- Мой господин, - шептал я, извиваясь в его руках, - о, мой дорогой господин...
Раздевшись, он уселся мне на грудь, и его напряженный член оказался у моих губ. Я жадно принялся ласкать его, а он, схватив меня за волосы, направлял мои движения. Он действительно хотел меня; прекрасно понимая, что именно мне нужно, он намеренно причинял легкую боль, не переходившую в страдание. Казалось, он так тонко чувствовал мои ощущения, что мог управлять ими одним движением пальцев. Его член входил в мой рот ритмично и так глубоко, что я стал задыхаться, но ни он, ни я не могли прекратить эту пытку. Наконец он замер и затрясся в агонии сладострастия, изливаясь. В мое горло ударили солоновато-сладкие струи, заставляя меня судорожно глотать. Стыд, радость, любовь и желание разрывали мою душу.

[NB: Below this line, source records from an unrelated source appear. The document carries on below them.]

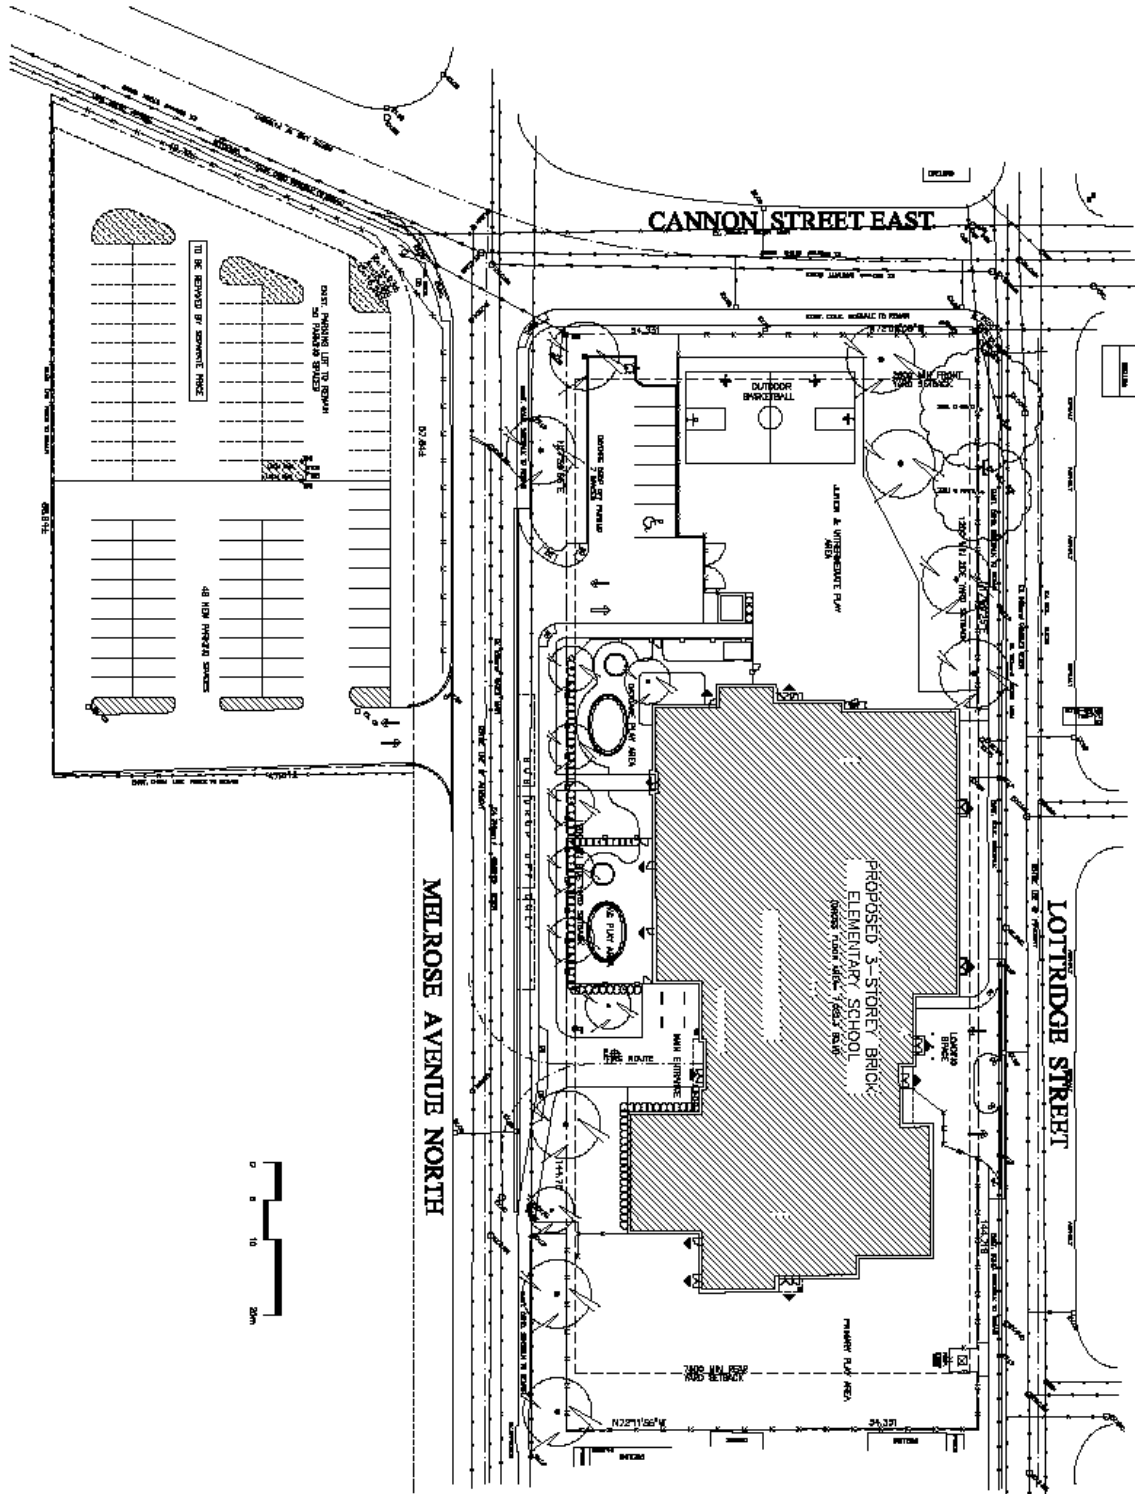

Foyer

CANNON STREET EAST

LOTTRIDGE STREET

MELROSE AVENUE NORTH

PROPOSED 3-STORY BRICK
ELEMENTARY SCHOOL
CLASSROOMS, OFFICE, GYM, PLAY

- Ченчо, - прошептал я. Он наклонился, поцеловал меня и погладил по щеке, все еще горевшей от его пощечины.
- Я был жесток, - сказал он, - но знаю, что тебе это нравится. Беда в том, что и мне это нравится тоже...
Я стал молча целовать его, потом сел перед ним, и его голова оказалась у меня на коленях. Я рассеянно запустил пальцы в его волосы, когда он начал дарить мне те же ласки, какие только что получал от меня.
- Порой мне хочется, чтобы ты мучил меня еще сильнее, - проговорил я, отдаваясь во власть его рук и губ. - Это странно... Когда ты бьешь меня, я чувствую такую похоть, что не могу себя контролировать. Боль делает ощущения сильнее. Мне не хватает этого с Франческой. Она не понимает, да и не сможет понять, если я попытаюсь объяснить ей...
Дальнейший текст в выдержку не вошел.